▸ Material for the task
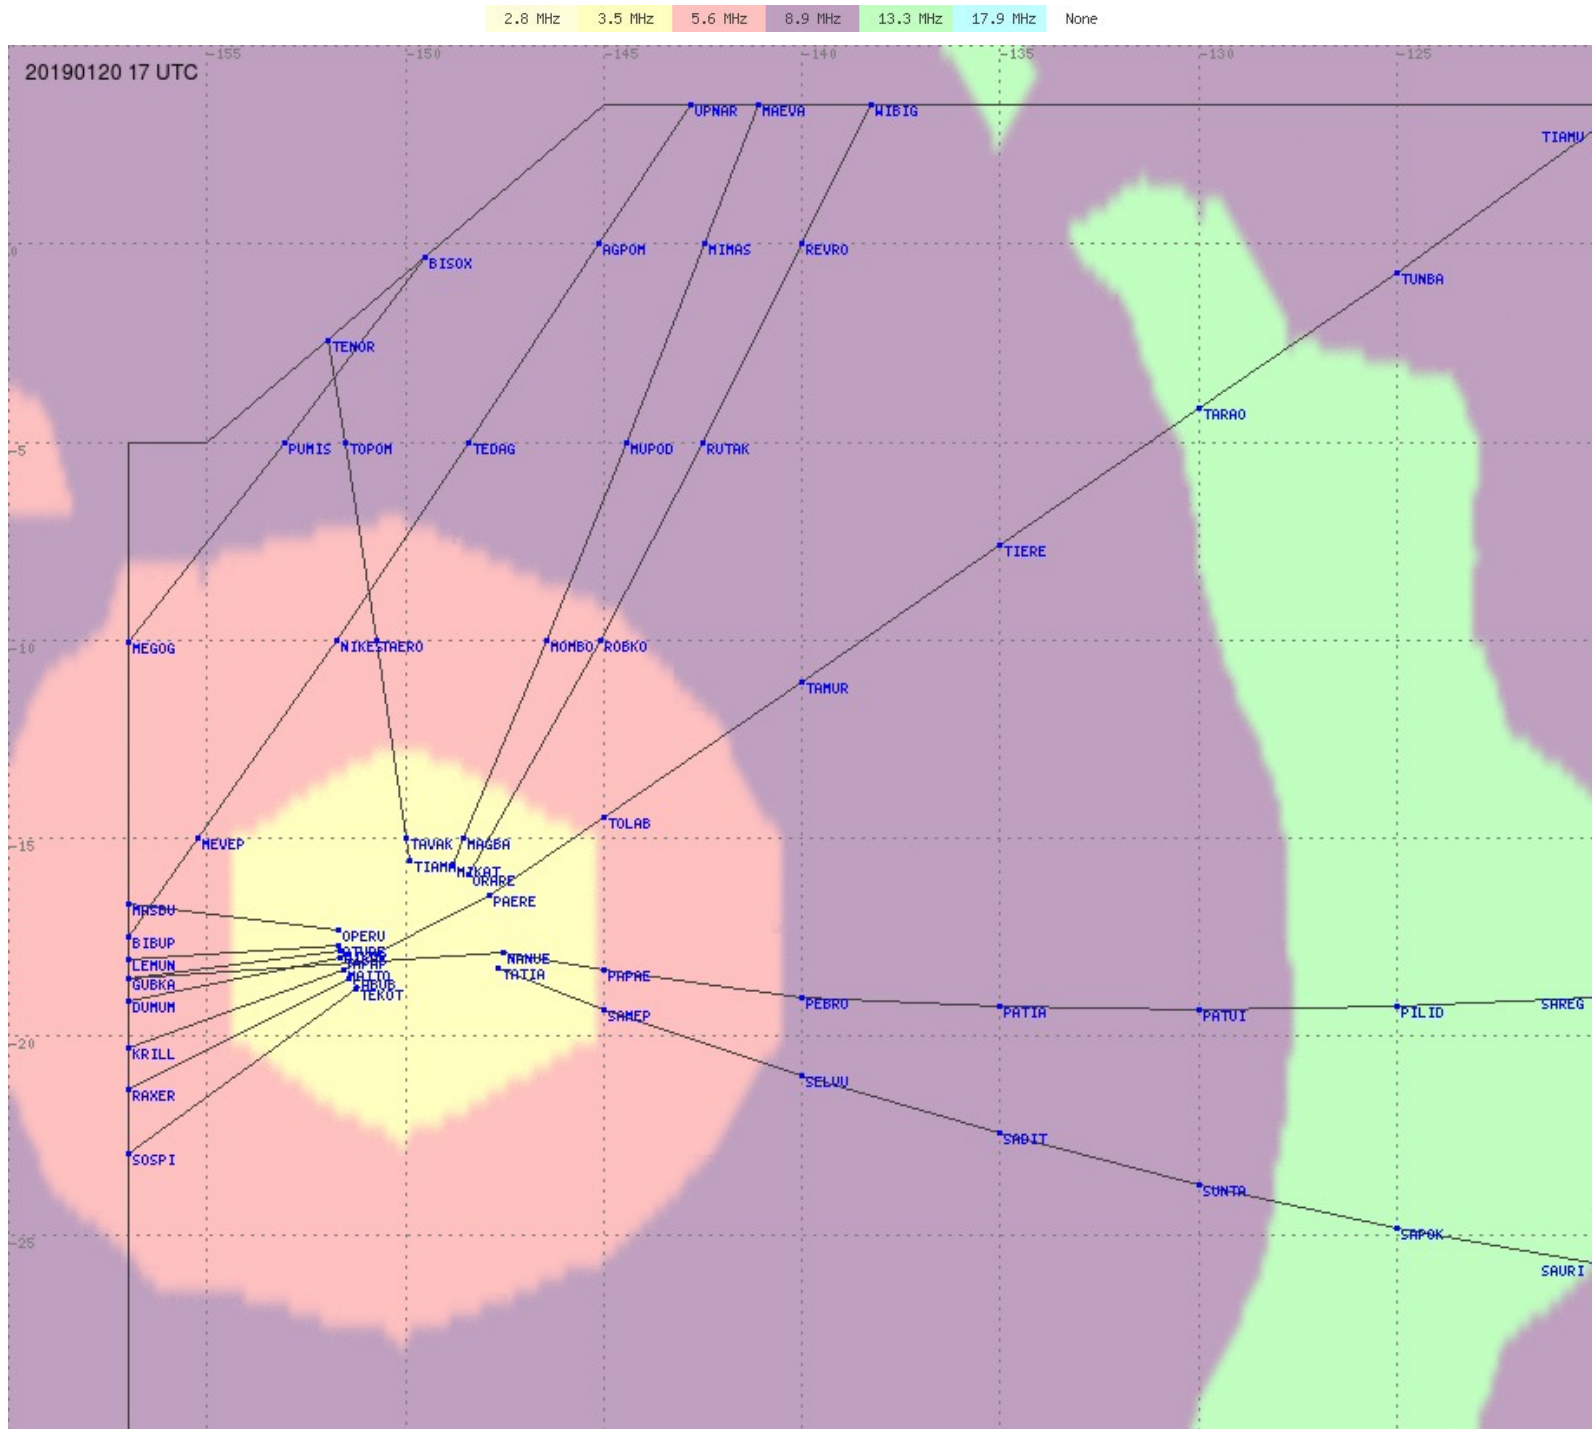

Tahiti FIR - HF Propag - 20190120

Tahiti FIR - HF Propag - 20190120

2.8 MHz
3.5 MHz
5.6 MHz
8.9 MHz
13.3 MHz
17.9 MHz
None

Tahiti FIR - HF Propag - 20190120

Tahiti FIR - HF Propag - 20190120

Tahiti FIR - HF Propag - 20190120

Tahiti FIR - HF Propag - 20190120

Tahiti FIR - HF Propag - 20190120

Tahiti FIR - HF Propag - 20190120

Tahiti FIR - HF Propag - 20190120

2.8 MHz
3.5 MHz
5.6 MHz
8.9 MHz
13.3 MHz
17.9 MHz
None

Tahiti FIR - HF Propag - 20190120

2.8 MHz
3.5 MHz
5.6 MHz
8.9 MHz
13.3 MHz
17.9 MHz
None

Tahiti FIR - HF Propag - 20190120

Tahiti FIR - HF Propag - 20190120

Tahiti FIR - HF Propag - 20190120

Tahiti FIR - HF Propag - 20190120

Tahiti FIR - HF Propag - 20190120
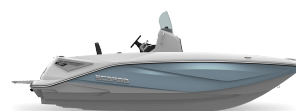

BLACK/DENIM BLUE W/
IMPACT GRAPHIC

BLACK/PHANTOM
GRAY W/COGNAC GRAPHICS

BLACK/PHANTOM
GRAY W/IMPACT GRAPHIC

CRIMSON RED

CRIMSON RED
W/IMPACT GRAPHIC

DENIM BLUE

DENIM BLUE
W/IMPACT GRAPHIC

JET BLACK

JET BLACK W/IMPACT
GRAPHIC

LIQUID BLUE

LIQUID BLUE
W/IMPACT GRAPHIC

SEAFOAM GREEN

SEAFOAM GREEN
W/IMPACT GRAPHIC

СПЕЦИФИКАЦИЯ

Габаритная длина	5,7 м	Мостовой клиренс	1,2 м
Ширина	2,4 м	Мостовой клиренс с аркой	1,9 м
Объём топливного бака	117 л	Осадка	30 см
Грузоподъемность	1400 кг	Высота	2,1 м
Пассажировместимость	8		
Сухой вес	1238 кг		
Максимальная мощность	250 л.с.		
Килеватость на транце	20°		
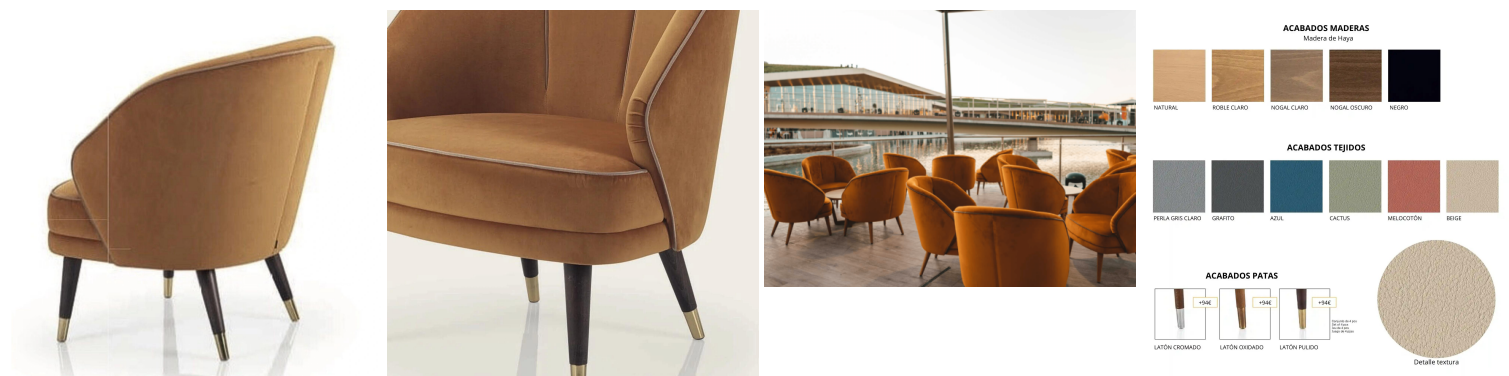

SILLÓN ALISSA TAPIZADO CON COSTURA Y RIBETE

597,00€ - 721,00€ IVA incluido

Diseño y acabo top. Nuestra gama Alissa está fabricada artesanalmente en Europa, y nos diferencian desde hace años por sus exquisitas terminaciones y excelente comodidad durante largos años. Solo para los gustos más exigentes. Ideal para restaurantes distinguidos, hoteles boutique y viviendas residenciales premium.

GALERÍA DE IMÁGENES

DESCRIPCIÓN DEL PRODUCTO

Sillón Alissa tapizado con costura y ribete fabricado artesanalmente y personalizado para cada cliente bajo pedido.

Estructura en madera de haya acabado de alta calidad.
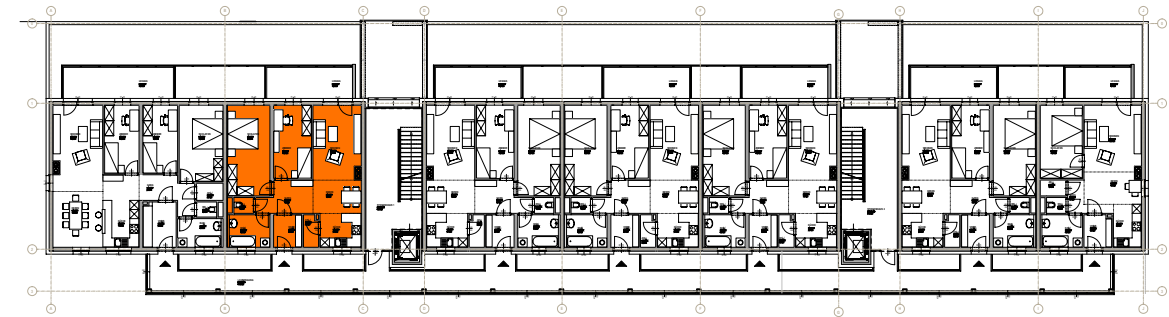

1. OBERGESCHOSS

1. OBERGESCHOSS - ÜBERSICHT

M=1:500

WOHNUNG 13

WOHNNUTZFLÄCHE	77,71 M ²
LOGGIA GEFÖRD.	11,62 M ²
GEFÖRDERT	89,33 M ²

ZUGEHÖRIGER TIEFGARAGENPLATZ MIT KELLERABTEIL

M=1:500

NATURMASSE NEHMEN! ÄNDERUNGEN VORBEHALTEN!
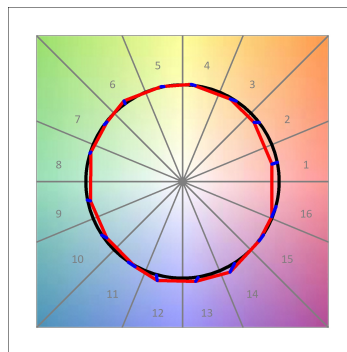

IM3TK40WF930NB

IMAG G3 TRACK 4000 9WW WF BK

DATOS FOTOMÉTRICOS :
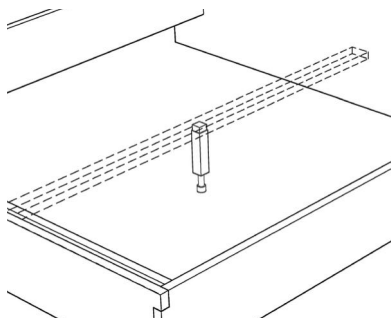

Doppelbett JU 470

Kopfhaupt massiv
Bettseitenoberkante: 45 cm

Keine metallfreie Bettverbindung möglich!

Breite	Höhe	Tiefe	Matratzenmaß	Bestellnummer
100,0	102,0	210,0	90/200 cm	47 47 01
110,0	102,0	210,0	100/200 cm	47 47 02
130,0	102,0	210,0	120/200 cm	47 47 03
150,0	102,0	210,0	140/200 cm	47 47 04
170,0	102,0	210,0	160/200 cm	47 47 05
190,0	102,0	210,0	180/200 cm	47 47 06
210,0	102,0	210,0	200/200 cm	47 47 07

Überlängen für Bettseiten

für Matratzenlänge 210 cm und 220 cm

Bestellnummer

20

Betten mit höhenverstellbaren Auflageleisten

Standard: Bettseitenoberkante 45 cm

Aufpreis für Stützfuß (Mittelsteg)

in Buche massiv auf Wunsch
Standardausführung Kunststoff

Bestellnummer

40

Betten

JUNA

Darstellung Maße in cm	Beschreibung	Asteiche gebürstet Esche gebürstet	Zirbe	Astnuss
---------------------------	--------------	---	-------	---------

Doppelbett JU 475

Kopfhaupt gepolstert
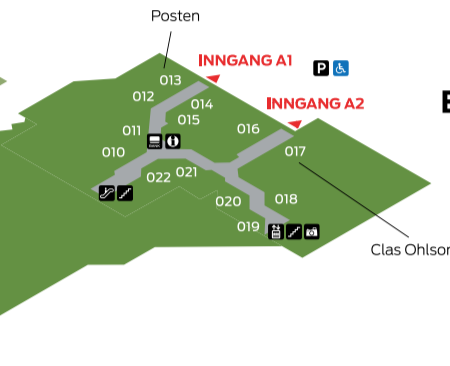

Oversiktskart

2

BYGG NORD

2

BYGG SYD

HEIS

RULLETRAPP

RULLEBÅND

TRAPPER

BANK

MINIBANK

TELEFON

STELLEROM

WC

HANDIKAP-WC

INTERNETTKAFÉ

FOTOBOKS

PARKERING

PARKERINGSHUS

HANDIKAP-PARKERING

SYKKEL PARKERING

PARKERING FOR EL-BIL

SENTEROVERSIKT

INFORMASJON/TURISTKONTOR

1

BYGG NORD

1

BYGG SYD

U1

BYGG NORD

U

BYGG SYD

U2

BYGG NORD

BYGG NORD

BYGG SYD

Butikkoversikt

BOKHANDEL	ETG.	NR.	BYGG
Ark Bokhandel	1	111	NORD
Kvadrat Libris	2	261	SYD
Notabene	2	245	SYD

CAFÉ/SERVERING	ETG.	NR.	BYGG
Baker Brun	2	201	NORD
Cafe Express	2	207	NORD
Cantina Mexicana	2	222	NORD
Coop Obs! Kafeteria	1	132	SYD
Dolly Dimple's	2	217	NORD
Dragon House	2	274	SYD
Mammamia	1	149	SYD
McDonalds	1	109	NORD
Mix Kiosk	U	08	NORD
Mix Kiosk	1	145	SYD
Mövenpick Isbar	2	284	SYD
Newsman's Coffeeshop	2	230	NORD
Pizzabakeren	1	139	SYD
Scala Spiseri			
(ligger mellom 1. og 2. etg.)	1,5	283	SYD
Sissel's Konditori og Kaffebar	U1	015	SYD

DAGLIGVARE	ETG.	NR.	BYGG
Cahn Van (asiatisk)	U	019	SYD
Coop Obs!	1	133	SYD
Helgø Matsenter	U	05	NORD
Internasjonal Mat	1	142	SYD
Sunkost Nord	U	07	NORD
Sunkost Sør	1	141	SYD

HUD/HÅR/VELVÆRE	ETG.	NR.	BYGG
Brun og Blid Solsenter	2	254	SYD
Esthetique	2	282	SYD
Hair and There	2	213	NORD
MAKEUP ART			
- åpner oktober 2008	2	255	SYD
ModernDesign	2	257	SYD
Nikita Frisør	2	281	SYD
Parfymelle Koch	2	209	NORD
Saape	1	116	NORD
The Body Shop	2	214	NORD
Vita	1	126	SYD

HUS/HJEM	ETG.	NR.	BYGG
Bolia.com	U2	002	NORD
Brødrene Pedersen	2	236	BROEN
Christiania Glassmagasin	2	206	NORD
Clas Ohlson	U	017	SYD
Coop Obs!	1	133	SYD
Fryd	U2	004	NORD
Indiska	1	153	SYD
Kid Interiør	U	018	SYD
Kitch'n	1	120	SYD
Kremmerhuset	2	234	BROEN
Lampehuset	2	246	SYD
Princess	2	243	SYD
Siba	U	06	NORD
Stavanger Akvarieforretning	2	259	SYD
Saape	1	116	NORD
Til Bords	1	129	SYD
Åhlens	1	110	NORD

▸ Work to complete
Each line from the start of the entries above through the line with "597,00€ - 721,00€ IVA incluido" should be duplicated exactly, leaving out the pictures.

▸ Written response
Tahiti FIR - HF Propag - 20190120

Tahiti FIR - HF Propag - 20190120

2.8 MHz
3.5 MHz
5.6 MHz
8.9 MHz
13.3 MHz
17.9 MHz
None

Tahiti FIR - HF Propag - 20190120

Tahiti FIR - HF Propag - 20190120

Tahiti FIR - HF Propag - 20190120

Tahiti FIR - HF Propag - 20190120

Tahiti FIR - HF Propag - 20190120

Tahiti FIR - HF Propag - 20190120

Tahiti FIR - HF Propag - 20190120

2.8 MHz
3.5 MHz
5.6 MHz
8.9 MHz
13.3 MHz
17.9 MHz
None

Tahiti FIR - HF Propag - 20190120

2.8 MHz
3.5 MHz
5.6 MHz
8.9 MHz
13.3 MHz
17.9 MHz
None

Tahiti FIR - HF Propag - 20190120

Tahiti FIR - HF Propag - 20190120

Tahiti FIR - HF Propag - 20190120

Tahiti FIR - HF Propag - 20190120

Tahiti FIR - HF Propag - 20190120

BLACK/DENIM BLUE W/
IMPACT GRAPHIC

BLACK/PHANTOM
GRAY W/COGNAC GRAPHICS

BLACK/PHANTOM
GRAY W/IMPACT GRAPHIC

CRIMSON RED

CRIMSON RED
W/IMPACT GRAPHIC

DENIM BLUE

DENIM BLUE
W/IMPACT GRAPHIC

JET BLACK

JET BLACK W/IMPACT
GRAPHIC

LIQUID BLUE

LIQUID BLUE
W/IMPACT GRAPHIC

SEAFOAM GREEN

SEAFOAM GREEN
W/IMPACT GRAPHIC

СПЕЦИФИКАЦИЯ

Габаритная длина	5,7 м	Мостовой клиренс	1,2 м
Ширина	2,4 м	Мостовой клиренс с аркой	1,9 м
Объём топливного бака	117 л	Осадка	30 см
Грузоподъемность	1400 кг	Высота	2,1 м
Пассажировместимость	8		
Сухой вес	1238 кг		
Максимальная мощность	250 л.с.		
Килеватость на транце	20°		

SILLÓN ALISSA TAPIZADO CON COSTURA Y RIBETE

597,00€ - 721,00€ IVA incluido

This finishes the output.